ABOUT THIS TASK => Beginning at the line containing "- 6: Sklop za", output every line to the end of the data below exactly as it appears.

INFORMATION SUPPLIED =>

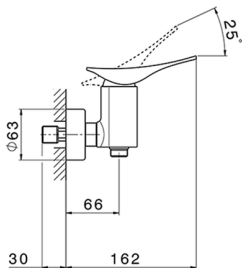

Ducha monomando ROADSTER ACCENT_RA000440

MODELO **RA000440**

Ducha monomando, sin conjunto ducha, conexión para flexible 1/2" M

ACABADOS DISPONIBLES

-  **21** 21 Cromo
-  **2B** 2B Niquel Brillo
-  **2F** 2F Niquel Cepillado
-  **2Q** 2Q Black Titanium
-  **40** 40 Negro Mate
-  **4Q** 4Q Blanco Mate

CARACTERÍSTICAS

Recambio Cartucho **ZZ96799000**

Cartucho Monomando 35 mm

Ducha monomando ROADSTER ACCENT_RA000440

RA000440

<https://es.cisal.it/ducha-monomando-roadster-accent-ra000440>

2026-06-19
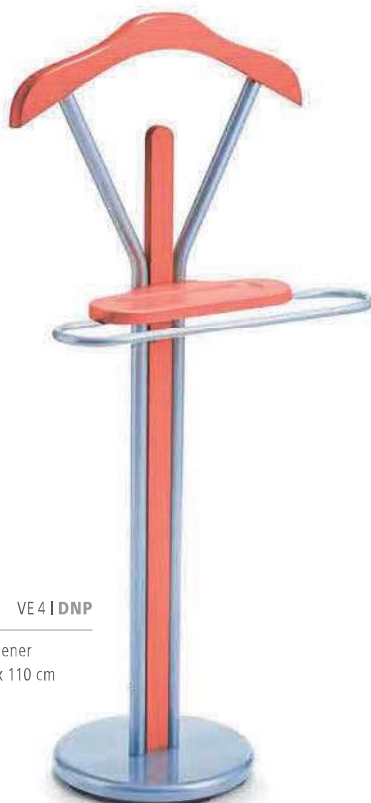

17101 VE 4 | DNP

Herrendiener
47 x 29 x 110 cm
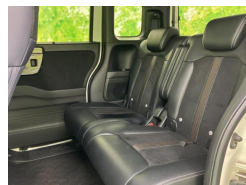

WECARS

車名	ホンダ N-BOX カスタム 660 G L タ ーボ ホンダセンシング		
本体価格(消費税込) 支払総額(税込)	138.2万円 (145.9万円)		
年式	2017年 (H29)		
走行距離	4.7万 km		
保証	保証付・1ヶ月・1千km		
法定整備	法定整備含		
色	プレミアムホワイト・パールII		
車検	検R8/8	修復歴	無
リサイクル	リ済込	駆動方式	2WD
燃料	ガソリン	ミッション	MTモード付CVTインパネ
ハンドル	右	乗車定員	4名
ドア	5D	車台番号	076

装備・内装・外装・安全装備

パワーステアリング・パワーウィンドウ・エアコン・LEDライト・ETC・キーレス・スマートキー・盗難防止装置・TV(フルセグ)・ナビ(SD ナビ他)・カメラ(バック)・スライドドア(両側電動)・アルミホイール・ABS・横滑り防止装置・衝突被害軽減ブレーキ・アイドリングストップ・エアバック(運転席/助手席/サイド/カーテン)・

装備備考

(株) WECARS 系満店のお問い合わせ

098-987-1270

※お問合せの際は、「クロスロード」を見た！とお伝えください。

更新日 06月24日 09:39

<https://www.o-cross.net/car/honda/S094/004130-1260624-N0002/>
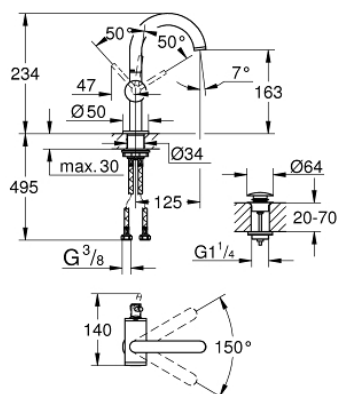

24 363 DC0 ATRIO JEDNORUČNA BATERIJA ZA UMIVAONIK 1/2" M-SIZE

PRODUCT DESCRIPTION

- Colour: supersteel
- instalacija na 1 otvor
- GROHE SilkMove keramički mešač 28 mm
- sa limitatorom temperature
- GROHE LongLife premaz
- 5.7 l/min laminar mousseur
- maximum flow rate (at 3 bar): 5 l/min
- rotaciona cevasta izlivna cev s perlatorom
- limitator
- prilagodljiv ugao zakretanja 0° / 150° / 360°
- Push-Open odlivni set 1 1/4"
- fleksibilna spojna creva

24 363 DC0 ATRIO JEDNORUČNA BATERIJA ZA UMIVAONIK 1/2" M-SIZE

SPARE PARTS, октобар 2021 – now

- 1: Sigurnosni prsten (Spare part-nr. 4826600M)
- 2: Regulator mlaza vode (Spare part-nr. 48408000)
- 3: O-prsten (Spare part-nr. 0128500M)
- 4: Prsten armature (Spare part-nr. 07419000)
- 5: Mešač (Spare part-nr. 46963000)
- 6: Sklop za učvršćivanje držača (Spare part-nr. 48384000)
- 7: Waste set with push-open plug (Spare part-nr. 65807DC0)

WRITTEN ANSWER =>
- 6: Sklop za učvršćivanje držača (Spare part-nr. 48384000)
- 7: Waste set with push-open plug (Spare part-nr. 65807DC0)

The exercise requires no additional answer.